**Aim of the exercise**:
Return the lines below that contain "batéria".
::: Dataset records
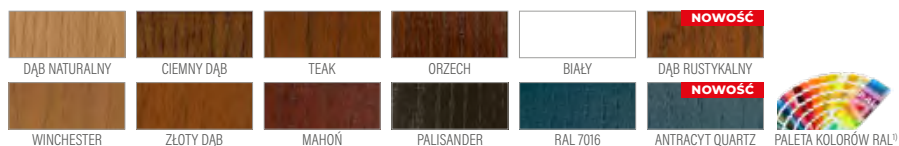

¹⁾ dopłata 500 zł netto
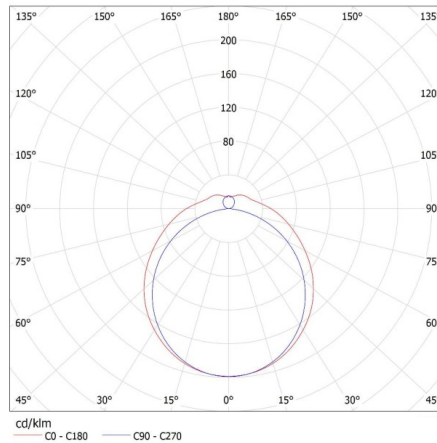

Doboz magassága [cm]: 34

Doboz hossza [cm]: 157

Karton térfogata [m³]: 0.122774

KANLUX S.A. (kat 26965) MEBA 4LED 2X150 OP PS + GLASSv4 / LDC (Polar)

Luminaire: KANLUX S.A. (kat 26965) MEBA 4LED 2X150 OP PS + GLASSv4
Lamps: 2 x T8 LED GLASSv4 24W-NW
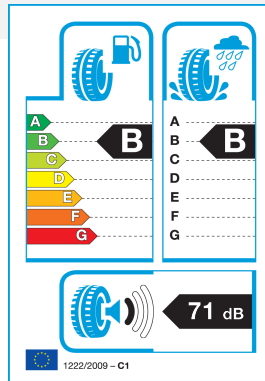

CONTINENTAL 235/50R 18 97V TL SpCont.5 SUV MO MERCEDES-MODELLE

~~161.19€~~ **157.97€**

- Proizvajalec : CONTINENTAL
- Šifra : 11CO23550R180V-50000
- Tip pnevmatike : Letne
- Hitrostni razred : V: 240 km/h
- Višina pnevmatike : 50
- Nosilnost : 97
- Premer pnevmatike : 18
- Širina pnevmatike : 235

<https://www.gumishop.si/continental-235-50r-18-97v-tl-spcont-5-suv-mo-mercedes-modelle-11co23550r180v-5000o-4019238520309-html>
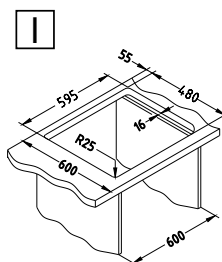

Line Start 50

CrNi
18/10

1130557

Rozmiar: 615 x 500 mm
Wymiary komór: 340 x 420 x 160 mm
148 x 300 x 75 mm

Akcesoria:

Deska do krojenia szkło hartowane
1063063
179,00 zł

Wkładka ociekowa nierdzewna
1062602
209,00 zł

Deska do krojenia drewniana
1064565
159,00 zł

wykończenie	kod	typ	odpływ	PLN/szt.*
SAT	1082440	odwracalny	3½"	559,00
LEN	1082435	odwracalny	3½"	599,00

Montaż:

Line Start 60

CrNi
18/10

1130543

Rozmiar: 615 x 500 mm
Wymiary komory: 340 x 420 x 160 mm

Akcesoria:

Deska do krojenia szkło hartowane
1063063
179,00 zł

Wkładka ociekowa nierdzewna
1062602
209,00 zł

Deska do krojenia drewniana
1064565
159,00 zł

wykończenie	kod	typ	odpływ	PLN/szt.*
SAT	1082438	odwracalny	3½"	459,00
LEN	1082439	odwracalny	3½"	459,00

Montaż:
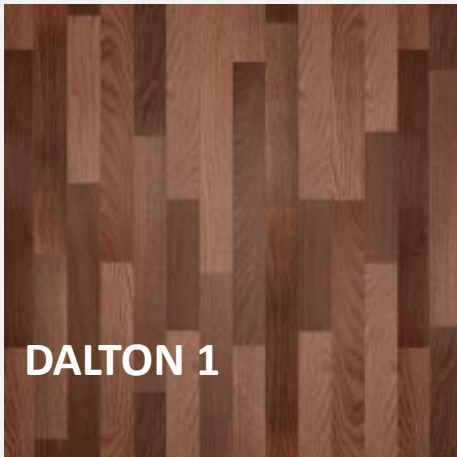

DALTON 9

7 см x разный размер

DALTON 10

7 см x разный размер

MAGNIT (2,0 / 0,2), тиснение

MAGNIT (2,0/0,2), тиснение, до 01.2022

TIROLLE 2

SAVANNA 1
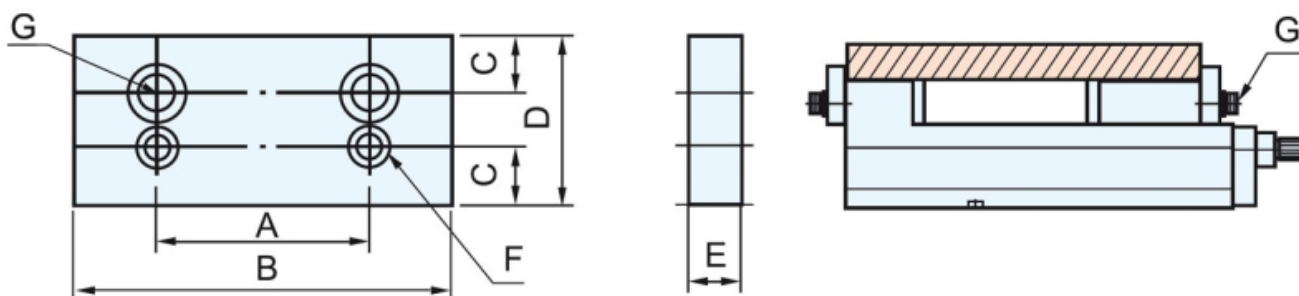

**Bernardo Aufsatzbacken LJ 160 - 2 Stk. Backen für PHV / CHV  
[B28-3022]**

Statt: € 283,20

**€ 269,-**

inkl. MwSt.  
- 5 %

Der Bernardo Aufsatzbacken LJ 160 - 2 Stk. Backen für PHV / CHV ist ein Produkt von Bernardo mit der Modellnummer 28-3022.

**Technische Daten:**

**Abmessungen:**

A:	90 mm
B:	160 mm
C:	25 mm
D:	73 mm
E:	23 mm

**Anschlüsse:**

F:	M10 x 30
G:	M14 x 30
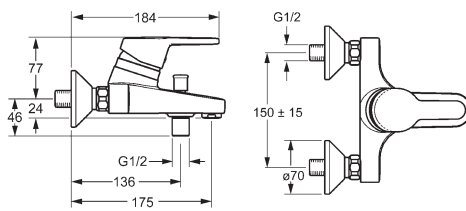

HANSAPRADO
Jednootvorová páková batéria, DN 15
na stojančekovú montáž na okraj vane
bez sprchovej súpravy

Obj.č.
chróm
0151 2273

Cena €
214,13

prietokové množstvo: 16,5/15,5 l/min. (výtok/sprcha),
merané pri 3 baroch hydraulického tlaku

• pripojenie pomocou tlakových hadíc G 3/8
vyloženie: 153 mm

Predbežne sa bude dodávať do 30.06.2018

HANSAPRADO
Páková vaňová batéria, DN 15 (G1/2)
pre nástennú montáž

Obj.č.
chróm
0144 2173

Cena €
200,63

PA-IX 28925/ICB
prietokové množstvo: 20/19 l/min. (výtok/sprcha),
merané pri 3 baroch hydraulického tlaku

• etážky DN 15 (G1/2)
vyloženie: 175 mm

Predbežne sa bude dodávať do 30.06.2018
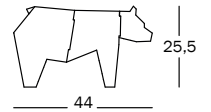

### *Bear small.*

3926.40.00 | 0,011 m<sup>3</sup> | 0,22 kg

Art. nr.	Cardboard
----------	-----------

MT650	white
-------	-------
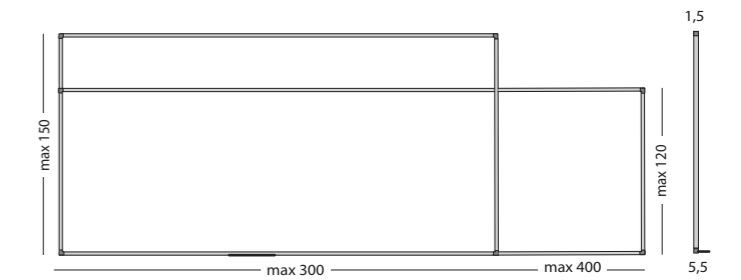

Afmetingen
98 x 98 cm
98 x 148 cm
98 x 198 cm

Artikelnummer
16200.100
16200.101
16200.102

Kijk voor maatwerk whiteboards zonder frame op chameleonwriting.nl.

Unframed Whiteboard, gelakt staal

- Strak whiteboard zonder frame
- Slechts 3 mm dun, maar oersterk, stug en onbreekbaar materiaal
- Schrijfpoppervlak van wit gelakt staal
- Diepte schrijfpoppervlak van de wand is ± 11 mm
- Eenvoudige verborgen montage
- Kan zowel horizontaal als verticaal opgehangen worden
- Geschikt om met meerdere panelen een whiteboardwand te maken
- Magneethoudend en droog uitwisbaar

Afmetingen	Artikelnummer	
	Alu frame ●	Zwart frame ●
150 x 300 cm	11103.311	11102.200
150 x 200 cm	11103.312	11102.201
120 x 400 cm	11103.290	-
120 x 350 cm	11103.326	-
120 x 300 cm	11103.100	11102.204
120 x 240 cm	11103.101	11102.205
120 x 200 cm	11103.285	11102.206
120 x 180 cm	11103.102	11102.207
120 x 150 cm	11103.103	11102.208
100 x 200 cm	11103.104	11102.209
100 x 180 cm	11103.105	11102.210
100 x 150 cm	11103.106	11102.211
100 x 100 cm	11103.107	11102.212
90 x 180 cm	11103.108	11102.213
90 x 120 cm	11103.109	11102.214
60 x 90 cm	11103.110	11102.215
45 x 60 cm	11103.111	11102.216
30 x 45 cm	11103.113	11102.217

Afmetingen	Artikelnummer	
	Alu frame ●	Zwart frame ●
120 x 400 cm	11103.299	-
120 x 350 cm	11103.301	-
120 x 300 cm	11103.295	11102.222
120 x 240 cm	11103.294	11102.223
120 x 200 cm	11103.267	11102.224
120 x 180 cm	11103.283	11102.225
120 x 150 cm	11103.293	11102.226
100 x 200 cm	11103.260	11102.227
100 x 150 cm	11103.261	11102.228
100 x 100 cm	11103.268	11102.229
90 x 180 cm	11103.265	11102.230
90 x 120 cm	11103.262	11102.231
60 x 90 cm	11103.263	11102.232
45 x 60 cm	11103.264	11102.233
30 x 45 cm	11103.284	11102.234
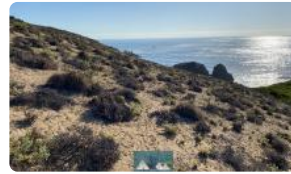

PARCELA DE ENSUEÑO CON VISTA A LA BAHÍA EN OCHOQUEBRADAS

UF 7.500 / \$304.830.000

📍 Se encuentra ubicada en Parcelación Ochoquebradas, loteo Chaguales, Panamericana Norte, km 219, comuna de Los Vilos, región de Coquimbo.

📏 5260 m² terreno

PARCELA DE ENSUEÑO CON VISTA A LA BAHÍA EN OCHOQUEBRADAS

Propiedades Diva Santana VENDE parcela de ensueño, en estado natural y sin edificaciones, con una vista impresionante a la bahía.

Dispone de una superficie de terreno de 5.260 m2, con pendientes suaves que le permite una excelente ubicación. A minutos del hermoso balneario de Pichidanguí.

La parcela 10 de Chaguales cuenta con una vista preferencial al mar, zona de alta conservación natural y clima privilegiado. Este terreno está ubicado a la orilla de una quebrada verde con una fauna y vegetación diversa durante todo el año, convirtiéndolo en un lugar soñado para vivir y descansar en vacaciones.

Agua potable que es derivada desde Los Vilos y electricidad por tuberías subterráneas, rol individual.

La parcelación Ochoquebradas, es un loteo privado y exclusivo. Ubicado en zona de alta plusvalía, el acceso es totalmente controlado, portón automático con aplicación móvil, caminos de tierra en excelentes condiciones, gastos comunes, ambiente tranquilo y seguro.
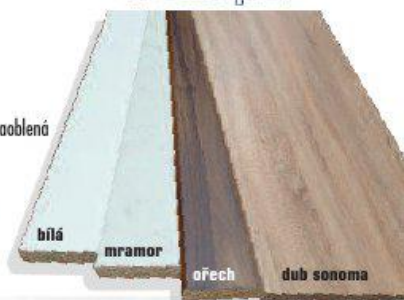

Pracovní desky^{1,3}

Materiál: dřevotřísková, laminát, přední hrana zaoblená
Rozměry: 3,8 x 61 x 260 cm
Dekory: dub sonoma, ořech, mramor, bílá

od 1 190,-/ks

244813

irono s.p.a.
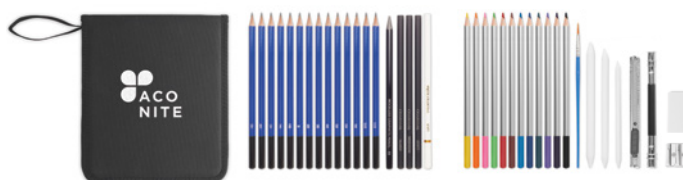

Genuine MO2054

Set profesional de dibujo de 40 piezas. Incluye: 14 lápices de colores, 12 rotuladores de colores, 1 papel de lija, varios rotuladores de carboncillo, 1 lápiz de grafito sin madera, 1 extensor de lápices, 1 sacapuntas, 1 goma de borrar, 1 pincel y 1 cuchillo de manualidades. Presentado en un resistente estuche con cremallera de poliéster RPET 450D. **Medida** 24,3x20,7x3 cm **Técnica impresión** Transfer serigráfico*, S,TD

Precio en €   1   50   100   250   500
Marcado 1 color* 22,08   21,22   20,26   19,34   19,04
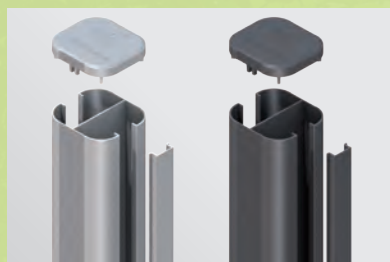

Die SYSTEM WPC CLASSIC Elemente erhalten Sie als Zaunfeld-Sets mit zwölf 15 cm hohen Profilen oder als XL-Variante mit sechs 30 cm hohen Profilen. Wählen Sie auf Wunsch ein Dekor-Profil (im Foto: TRIGON, 30 x 180 cm) oder auch ein Designgitter (ebenfalls TRIGON, 60 x 180 cm).
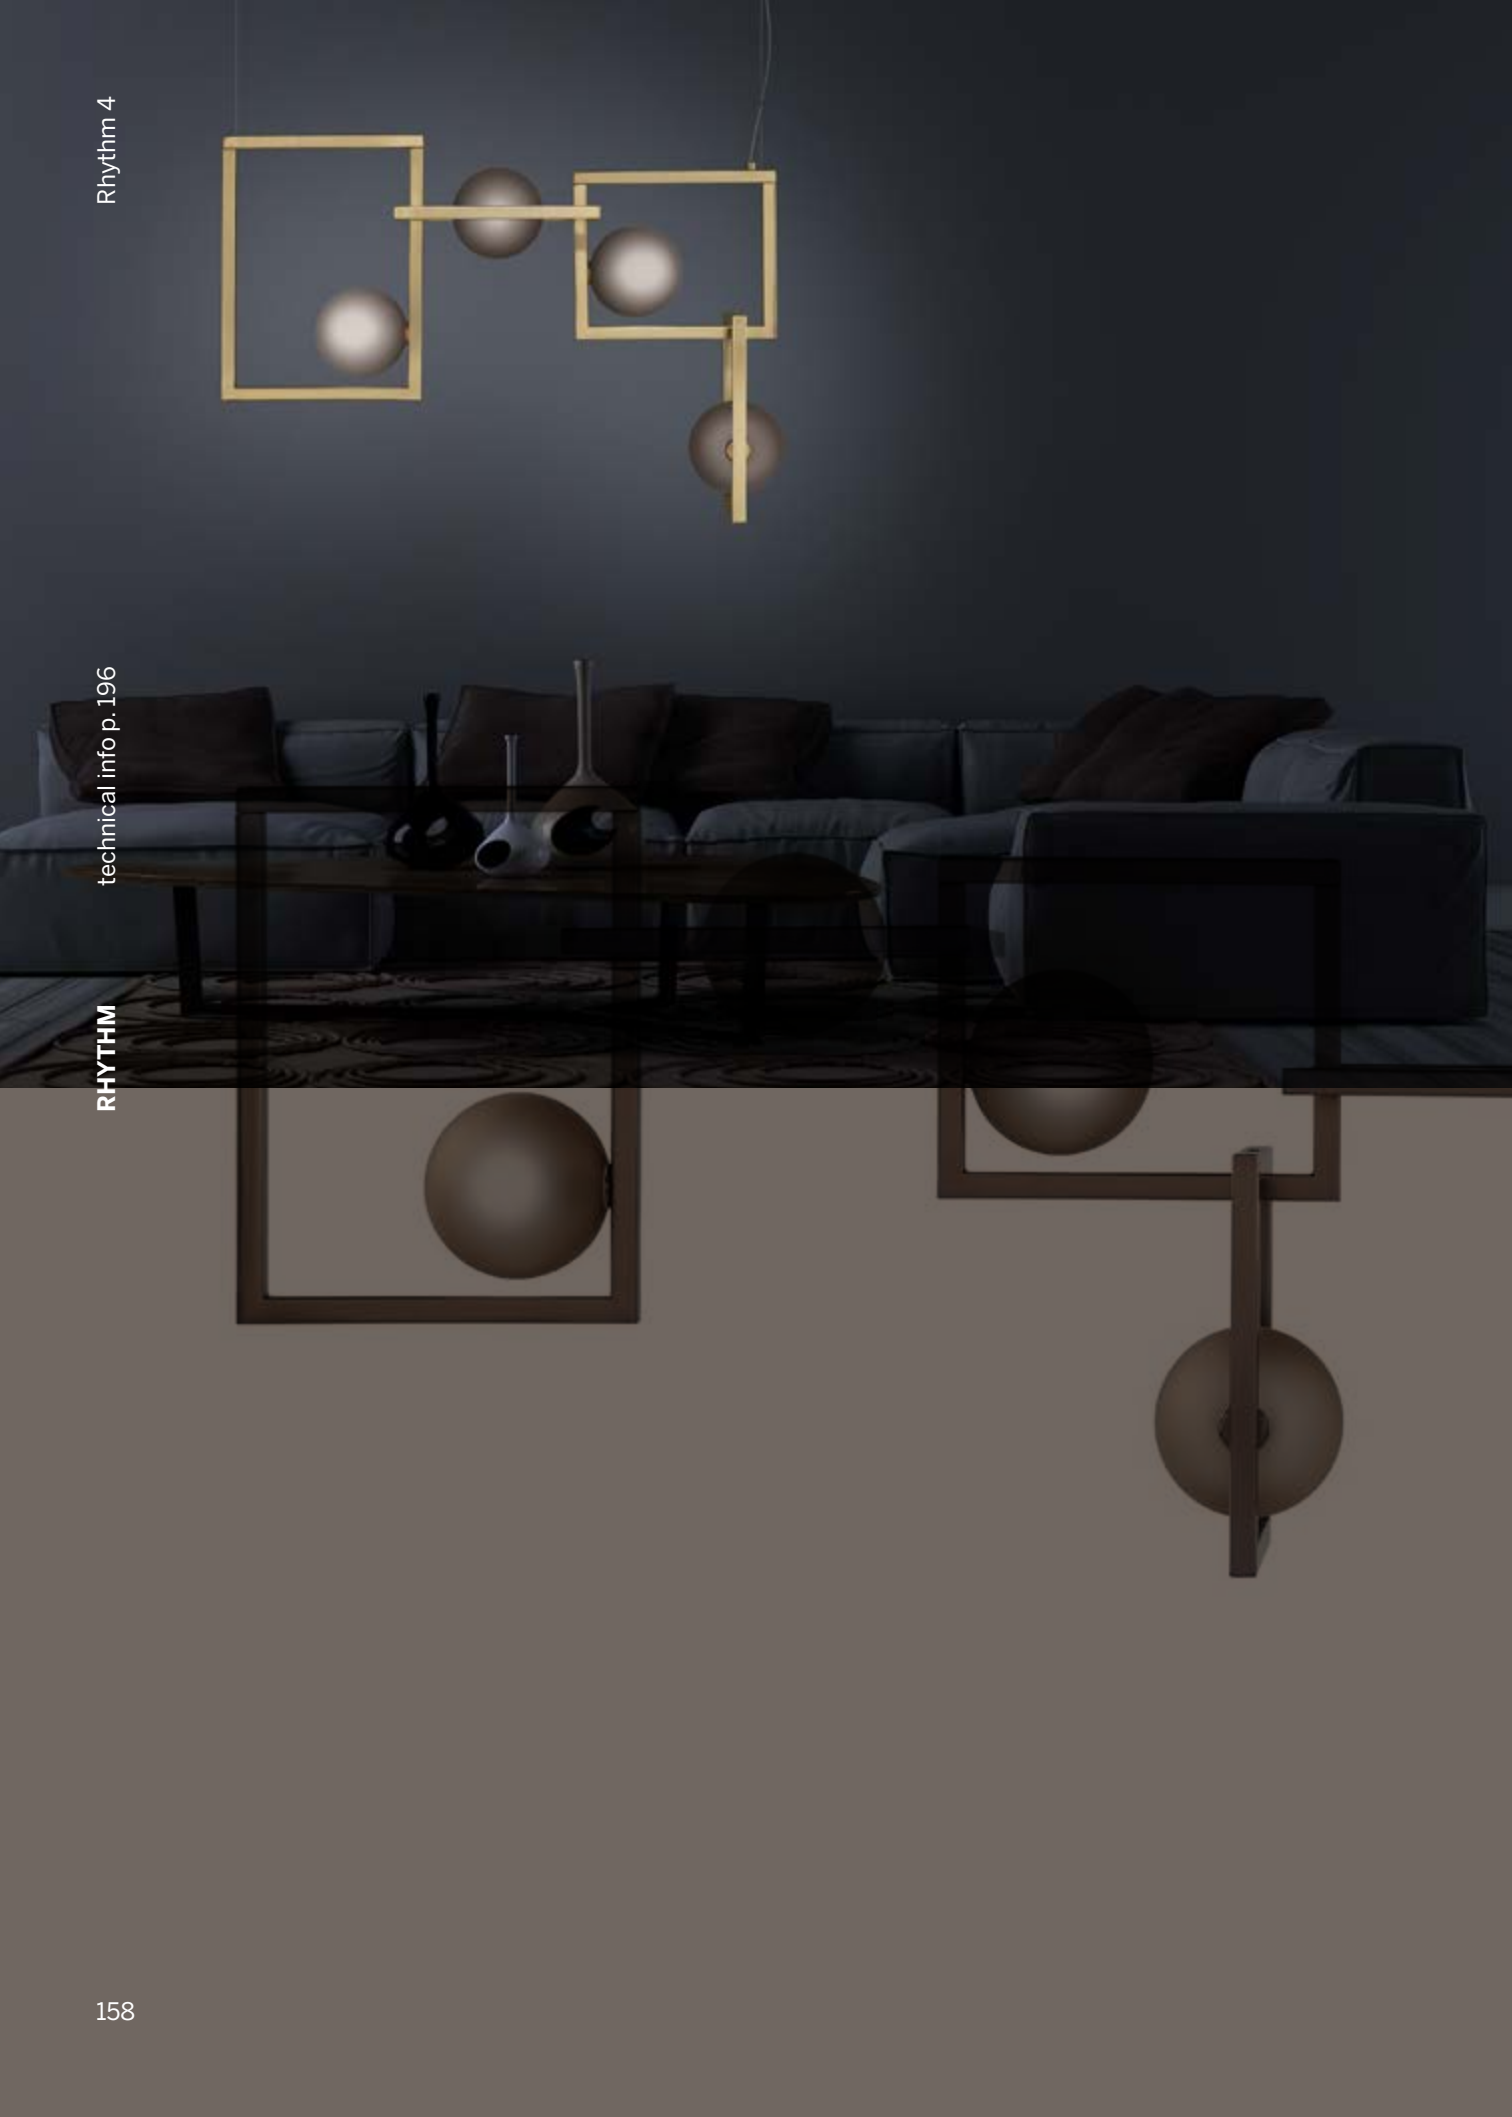

Forme in movimento, alternanza di suoni o di momenti di luce e ombra, di azioni e pause: sorprendersi a pensare quando tutto sembra così lineare.

Shapes in motion, alternating sounds or moments of light and shade, actions and pauses: surprise yourself by thinking when everything seems so linear.

Michele Losito

DESIGN BY
MICHELE LOSITO

XVI

RHYTHM

RHYTHM

design by Michele Losito

Finitura | oro satinato, marrone stagno finitura opaca. Altre finiture su richiesta.

Colori | sfere pyrex nel colore marrone satinato. Altri colori su richiesta.

Particolari | sfere in pyrex con decorazione satinata. Strutture in metallo realizzate artigianalmente. La sospensione S8 è un esempio che indica la modularità: moltiplicando il modulo base S4 è possibile ottenere lunghezze e numero di luci differenti. Per qualsiasi richiesta o differente versione non esitate a contattarci.

Finish | satin gold, opaque brown tin. Other finishes on request.

Color | pyrex spheres in satin brown color. Other colors on request.

Details | pyrex spheres with satin decoration. The metal structure is produced handmade. The suspension S8 is an example to indicate the modularity: by multiplying the base module S4 it's possible to obtain different lengths and different number of lights. Don't hesitate to contact us for any request or different version.
::::::
**Solved exercise**:
Jednootvorová páková batéria, DN 15
Páková vaňová batéria, DN 15 (G1/2)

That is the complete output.